Examples 1-3 and Comparative Examples 1-5
A pre-dried polyethylene terephthalate resin (manufactured by Unitika Ltd., bottle pellets NEH-2050, intrinsic viscosity = 0.78) and a bisoxazoline compound were premixed in the ratio shown in Table 1, and then a twin screw extruder (stock) PCM-30 manufactured by Ikekai Tekko Co., Ltd.), melted and kneaded at 270 ° C., extruded into a strand, cooled with water, cut and pelletized. After sufficiently drying the resulting polyester resin composition pellets, the appearance transparency of the pellets was evaluated by visual observation, and the crystallinity of the pellets was calculated by density measurement. The results are shown in Table 2.
Next, using these pellets, a press film having a thickness of 200 μm was manufactured by a hot press at 270 ° C. After the press film was allowed to stand for 24 hours under the condition of 23 ° C. × 50% RH, a test piece of 100 mm × 15 mm was collected, and the appearance transparency was evaluated and the tensile breaking strength and the elongation were measured. The results are shown in Table 2 as initial values.

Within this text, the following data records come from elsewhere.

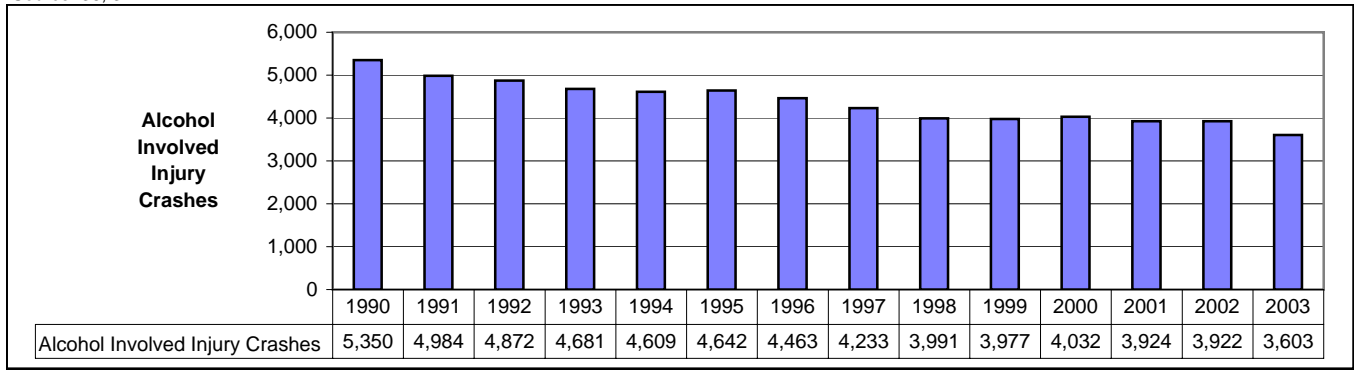

**Figure 33: Trend in Alcohol Involved Injury Crashes in Missouri, 1990-2003**

Source: 36, 37

**Figure 33: Trend in Alcohol Involved Property Damage Crashes in Missouri, 1990-2003**

Source: [36, 37]

**Figure 35: Trend in Alcohol Involved Traffic Fatalities in Missouri, 1990-2003**

Source: [36, 40]

**Figure 36: Trend in Alcohol Involved Traffic Injuries in Missouri, 1990-2003**

Source: [36, 40]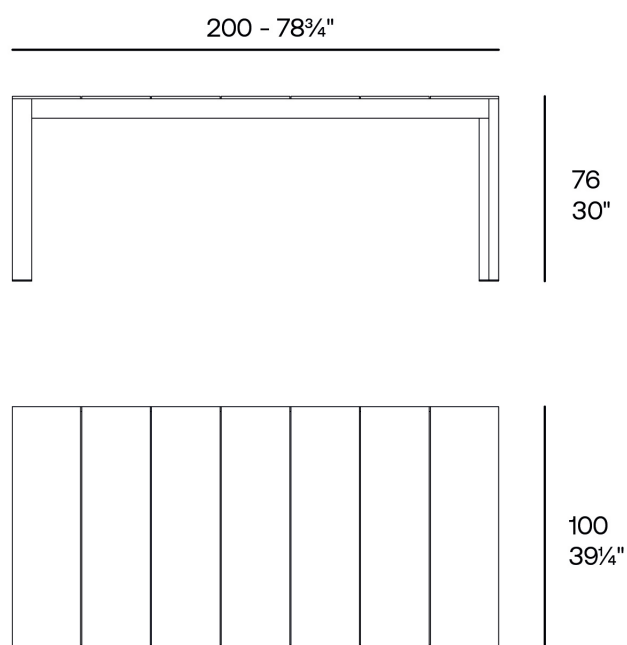

## Posidonia dining table 100x200x76

by Ramón Esteve

Posidonia, the new collection of **designer outdoor furniture** is capable of creating an atmosphere of serenity and balance, awakening the user's sensibility and inviting them to enjoy every moment.

### Description

Weight: 35.88 Kg

POSIDONIA Mesa Comedor 200x100x76  
POSIDONIA Dining Table 78<sup>3</sup>/<sub>4</sub>"x39<sup>1</sup>/<sub>4</sub>"x30"

The various press films were allowed to stand for 60 days under the condition of 50 ° C. × 50% RH, and then test pieces were similarly collected, and the appearance transparency was evaluated and the tensile breaking strength and the elongation were measured. The results are shown in Table 2 as values after heat history.

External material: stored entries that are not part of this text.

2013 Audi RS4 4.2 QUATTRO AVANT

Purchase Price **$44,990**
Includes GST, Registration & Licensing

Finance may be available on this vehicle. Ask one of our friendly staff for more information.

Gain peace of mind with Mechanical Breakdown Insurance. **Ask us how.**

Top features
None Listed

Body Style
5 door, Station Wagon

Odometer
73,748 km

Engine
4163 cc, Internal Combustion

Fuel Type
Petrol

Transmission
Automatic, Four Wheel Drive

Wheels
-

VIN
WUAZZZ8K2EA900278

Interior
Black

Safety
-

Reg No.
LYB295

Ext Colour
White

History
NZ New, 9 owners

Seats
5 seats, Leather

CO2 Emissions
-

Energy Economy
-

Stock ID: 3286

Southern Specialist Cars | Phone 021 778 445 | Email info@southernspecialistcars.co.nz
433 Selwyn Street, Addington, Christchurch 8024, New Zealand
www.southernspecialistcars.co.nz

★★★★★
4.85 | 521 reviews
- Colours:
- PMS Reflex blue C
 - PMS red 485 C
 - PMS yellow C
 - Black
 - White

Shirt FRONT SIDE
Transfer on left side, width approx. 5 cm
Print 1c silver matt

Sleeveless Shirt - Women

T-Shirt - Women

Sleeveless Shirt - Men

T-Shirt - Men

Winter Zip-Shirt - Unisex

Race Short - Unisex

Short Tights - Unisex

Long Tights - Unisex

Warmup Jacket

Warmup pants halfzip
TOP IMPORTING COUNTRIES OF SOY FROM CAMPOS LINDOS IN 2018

  As described above, according to the present invention, by adding a small amount of 2,2′-tetramethylenebis (2-oxazoline), there is little decrease in flexibility and strength due to long-term use or heat history, Moreover, since an amorphous polyester resin excellent in transparency can be produced at low cost, it can be suitably used for applications such as films, plates, clear cases, trays and the like.

Claims (2)

  Amorphous polyester resin characterized by adding 0.001 to 0.05 parts by weight of 2,2'-tetramethylenebis (2-oxazoline) to 100 parts by weight of crystalline or semi-crystalline polyester resin and reacting them. Manufacturing method.   The method for producing an amorphous polyester resin according to claim 1, wherein the polyester resin is a polyethylene terephthalate resin.